Engage your customers no matter where they are on the web.
Internet marketers are finding that having a great web page is only great for as long as their customers remain focused on their site. Web developers will tell you that they can make your site more compelling, but, no matter how engaging a web page is, it will only be on the screen for a small fraction of the 4 to 6 hours the average user is surfing the internet on a given day. Optimizing your site for search engine hits will bring your customers to the mountain, but what if you could put the mountain in their hands to take along with them?
Companies are putting a lot of energy and expense into their website. Experts say that an effective website must be searchable, should keep the viewer on the page as long as possible, and provide content and interactivity to encourage repeat visits. The most successful websites maintain fresh content, provide ways of interacting with visitors, allow visitors to interact with each other, and allow for online transactions through eCommerce. Still, after all of the effort to create a look and feel to hold visitors, statistics show that users visit a website for an average of sixty seconds before moving on.
When customers are not on your website, where are they? They are conducting social networking, downloading and watching video, chatting, blogging, shopping, and, um, visiting your competitor’s site.
Web activity is never static. So, coming up with a way to engage audiences beyond the sixty seconds they are on your site is a far-reaching challenge. The trick is to keep your business in the corner of your customer’s eye, no matter where he or she goes.

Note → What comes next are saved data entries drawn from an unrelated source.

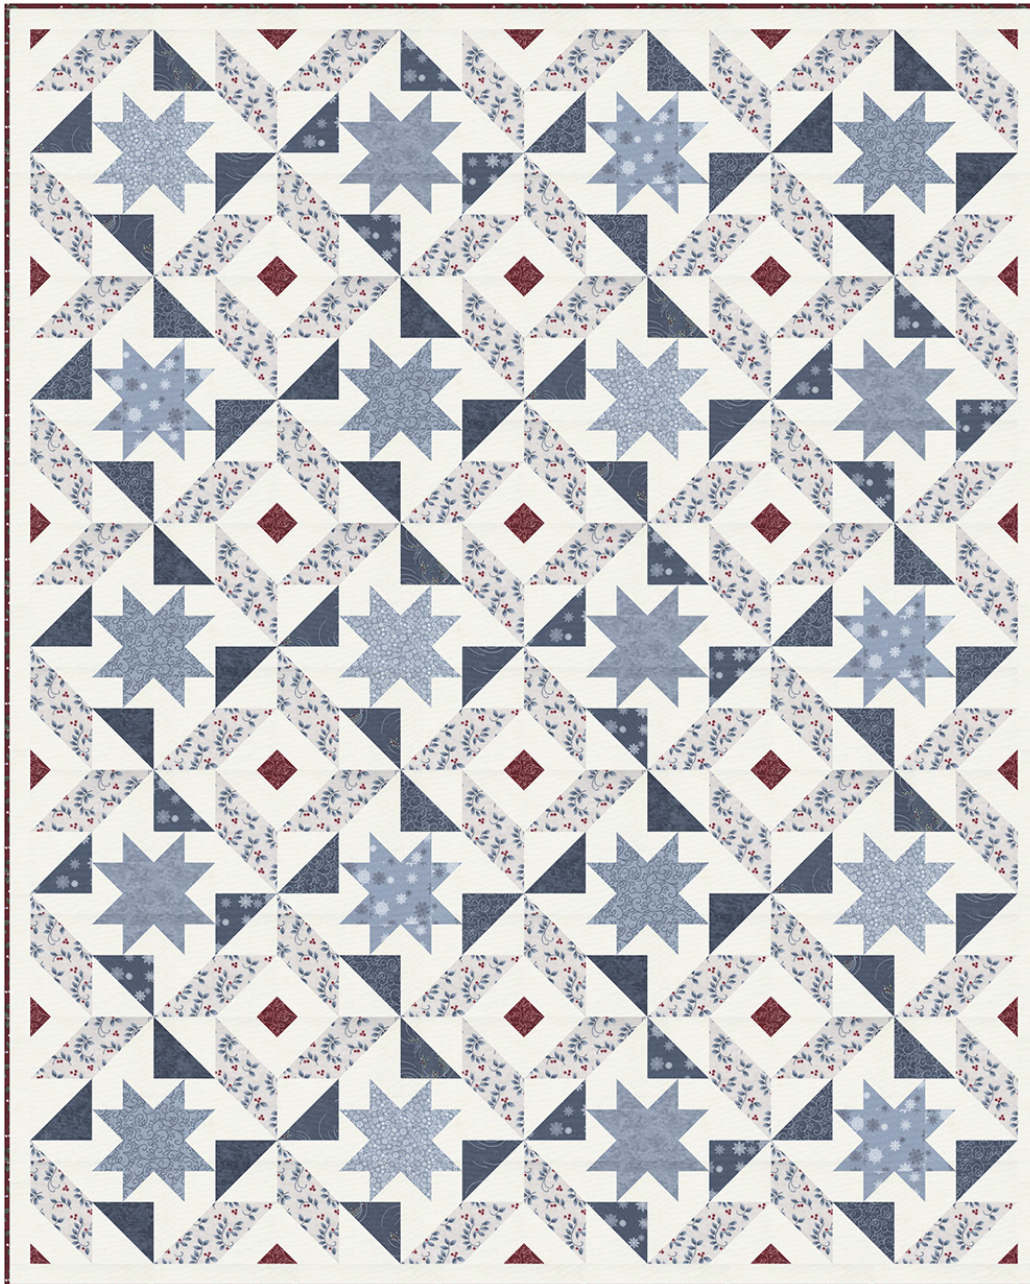

Winter Flurries

Holly Taylor

moda
FABRICS + SUPPLIES®

Group Ships July, 2022

Blizzard Stars

by My Wandering Path

MWP 221

50" x 62"

\$9.95

Yardage Requirements

1 quilt 10 quilts

6538 256

Background

2 1/2 yds

25 yds

6538 257

Advertisers are constantly coming up with new ways of holding the attention of their audience. Vista Gadgets, Apple Widgets, RSS feed and Yahoo’s Konfabulator are great ways to re-purpose your content and gain presence on the user’s desktop. The Web2.0 phenomenon has brought us tools like Netvibes Pageflakes and Widgetbox… all with the goal of presenting your message in a new, engaging medium. You used to give away pens and coffee cups. Pens and coffee cups were effective because the customer would use them as tools in the course of their day. While doing other things, the pen in your customer’s hand would whisper your company’s logo and colors.
I’ve been designing web pages for a long time and have spent hours talking with talented marketing experts about ways of keeping an audience engaged beyond the short time it visits a given web page. During the course of these discussions, we realized that a web user has one constant while surfing the web. Surfing the web requires a tool. The web browser enables viewing, searching, bookmarking, and embedding RSS feeds. But the browser is a benign tool. It doesn’t help the user decide where to go or look. What if it did, though? What if the browser could display a company’s logo, look and feel, content and brand voice? If the browser could be customized in such a way, then you wouldn’t have to draw the customer to your business. Your business would be present wherever the customer goes.